> [Records provided]
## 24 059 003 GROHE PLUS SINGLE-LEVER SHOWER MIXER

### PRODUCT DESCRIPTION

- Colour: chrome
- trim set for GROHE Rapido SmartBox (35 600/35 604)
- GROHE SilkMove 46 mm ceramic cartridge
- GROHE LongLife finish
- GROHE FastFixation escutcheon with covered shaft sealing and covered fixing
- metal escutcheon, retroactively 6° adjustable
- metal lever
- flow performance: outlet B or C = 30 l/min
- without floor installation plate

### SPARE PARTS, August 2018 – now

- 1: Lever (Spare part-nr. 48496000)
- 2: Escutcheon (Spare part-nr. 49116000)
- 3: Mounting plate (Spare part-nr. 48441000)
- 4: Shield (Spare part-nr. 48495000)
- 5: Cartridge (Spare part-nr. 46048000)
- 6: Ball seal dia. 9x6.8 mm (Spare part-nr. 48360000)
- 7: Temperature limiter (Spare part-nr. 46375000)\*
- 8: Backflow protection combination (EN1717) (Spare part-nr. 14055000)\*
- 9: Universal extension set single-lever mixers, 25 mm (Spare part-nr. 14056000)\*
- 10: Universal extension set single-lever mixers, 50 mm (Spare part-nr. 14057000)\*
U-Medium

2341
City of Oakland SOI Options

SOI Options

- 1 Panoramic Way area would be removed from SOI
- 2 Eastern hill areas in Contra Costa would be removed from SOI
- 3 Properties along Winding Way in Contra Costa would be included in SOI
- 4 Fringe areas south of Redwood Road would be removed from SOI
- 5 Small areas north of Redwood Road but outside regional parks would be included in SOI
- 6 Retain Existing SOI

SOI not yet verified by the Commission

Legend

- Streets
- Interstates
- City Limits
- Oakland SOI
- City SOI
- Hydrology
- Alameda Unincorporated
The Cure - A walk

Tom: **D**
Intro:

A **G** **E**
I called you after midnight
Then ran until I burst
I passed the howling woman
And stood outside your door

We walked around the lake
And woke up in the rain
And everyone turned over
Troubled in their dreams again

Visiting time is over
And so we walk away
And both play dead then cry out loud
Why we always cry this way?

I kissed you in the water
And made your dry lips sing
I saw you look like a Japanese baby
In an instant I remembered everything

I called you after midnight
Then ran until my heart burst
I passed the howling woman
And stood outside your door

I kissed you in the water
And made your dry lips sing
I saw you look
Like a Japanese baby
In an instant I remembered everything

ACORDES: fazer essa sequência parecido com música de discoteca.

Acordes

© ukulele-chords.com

---

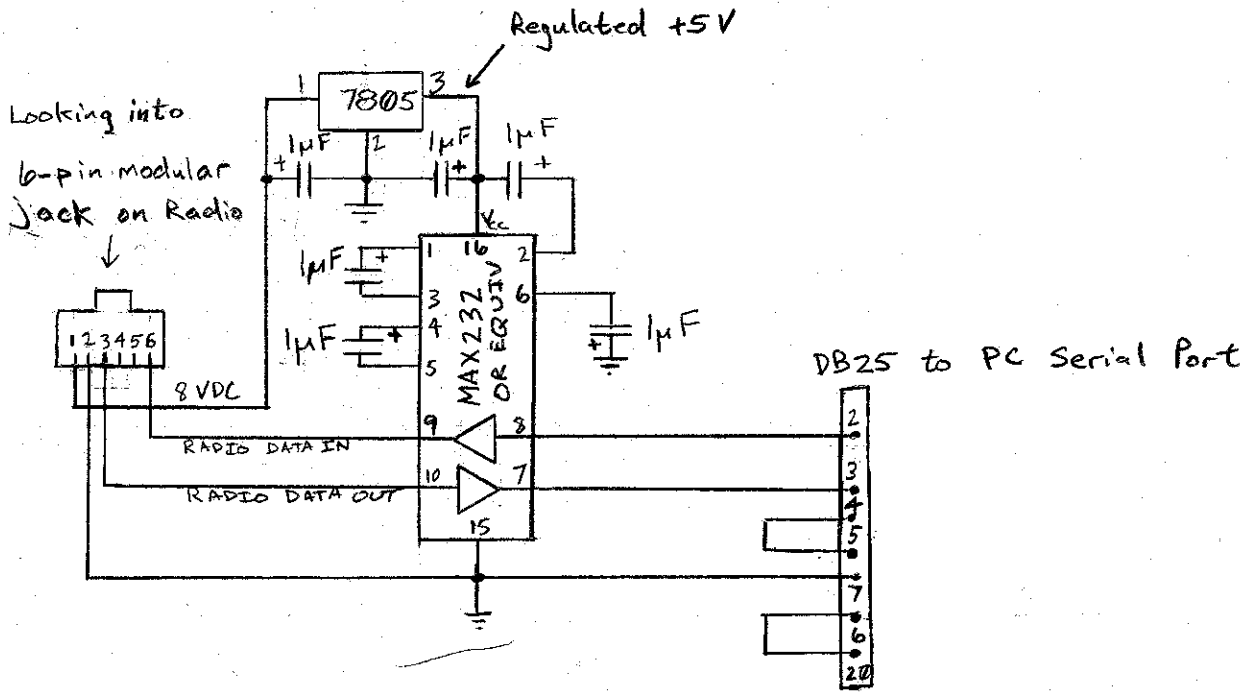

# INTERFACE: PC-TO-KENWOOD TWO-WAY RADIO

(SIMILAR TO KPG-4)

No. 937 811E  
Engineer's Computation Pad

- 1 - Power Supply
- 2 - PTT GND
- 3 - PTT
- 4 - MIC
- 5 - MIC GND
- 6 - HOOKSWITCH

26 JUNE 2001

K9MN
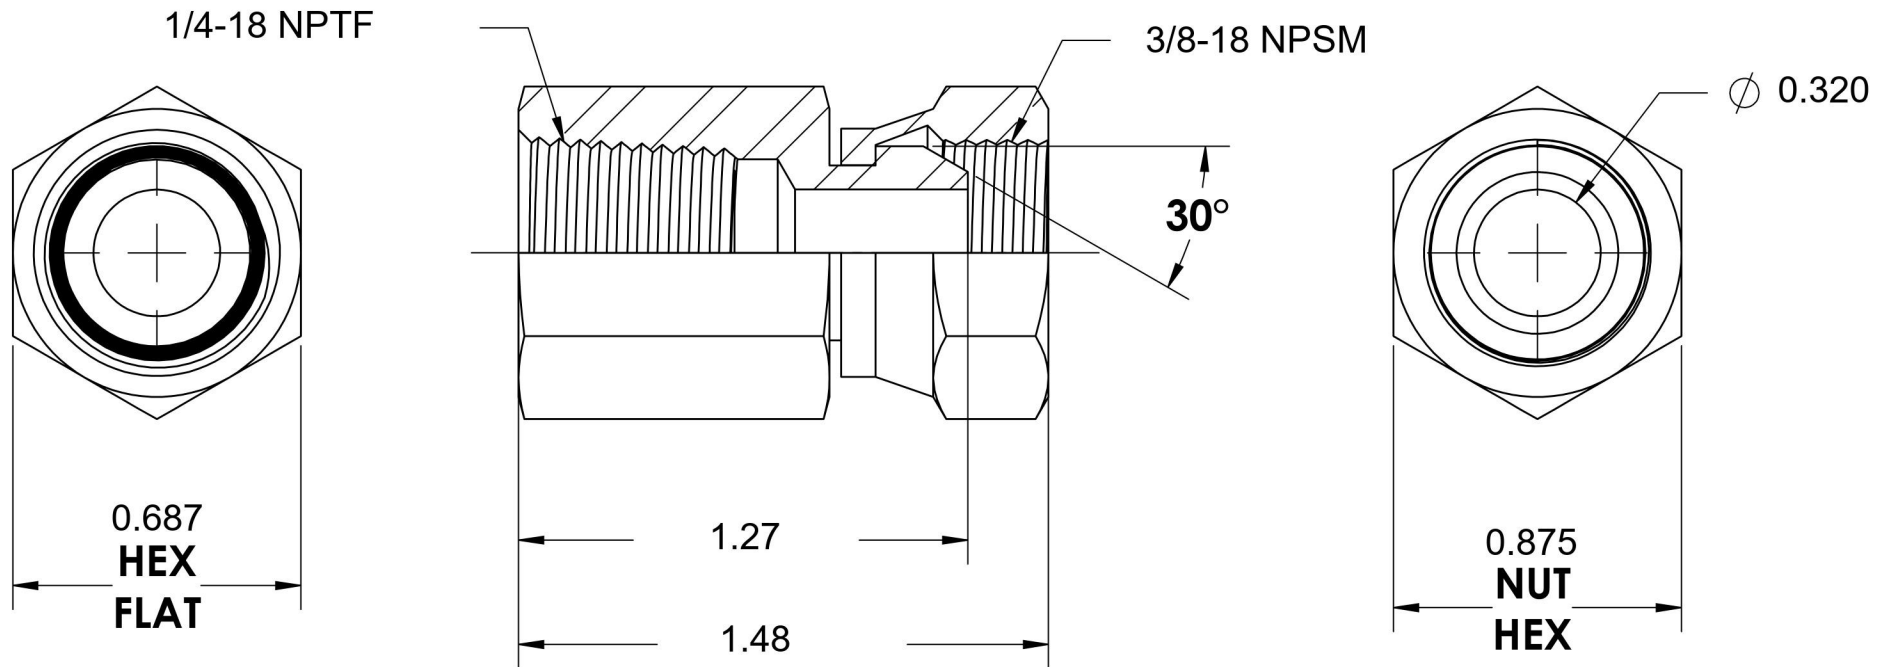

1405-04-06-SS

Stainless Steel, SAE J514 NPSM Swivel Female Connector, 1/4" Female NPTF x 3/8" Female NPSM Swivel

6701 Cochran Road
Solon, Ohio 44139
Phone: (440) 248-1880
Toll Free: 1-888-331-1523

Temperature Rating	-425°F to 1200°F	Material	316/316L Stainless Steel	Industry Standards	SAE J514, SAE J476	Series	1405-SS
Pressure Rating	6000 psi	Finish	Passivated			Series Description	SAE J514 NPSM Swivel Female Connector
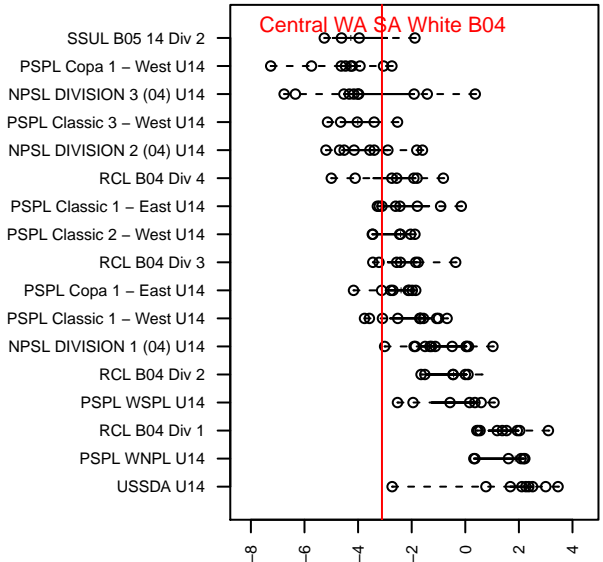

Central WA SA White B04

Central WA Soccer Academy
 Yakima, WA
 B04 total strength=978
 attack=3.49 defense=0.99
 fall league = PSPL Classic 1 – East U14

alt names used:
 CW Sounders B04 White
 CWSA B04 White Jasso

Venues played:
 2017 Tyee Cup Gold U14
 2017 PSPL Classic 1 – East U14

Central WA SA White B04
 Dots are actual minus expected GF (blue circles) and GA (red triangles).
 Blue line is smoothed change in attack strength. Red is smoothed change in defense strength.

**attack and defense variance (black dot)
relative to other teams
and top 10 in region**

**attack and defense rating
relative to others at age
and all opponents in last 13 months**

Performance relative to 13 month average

> [Problem description] Given the records above, return exactly the lines starting at the line containing "relative to other teams" and ending at the line containing "Performance relative to 13 month average", including both.

> [Output of the exercise]
relative to other teams
and top 10 in region**

**attack and defense rating
relative to others at age
and all opponents in last 13 months**

Performance relative to 13 month average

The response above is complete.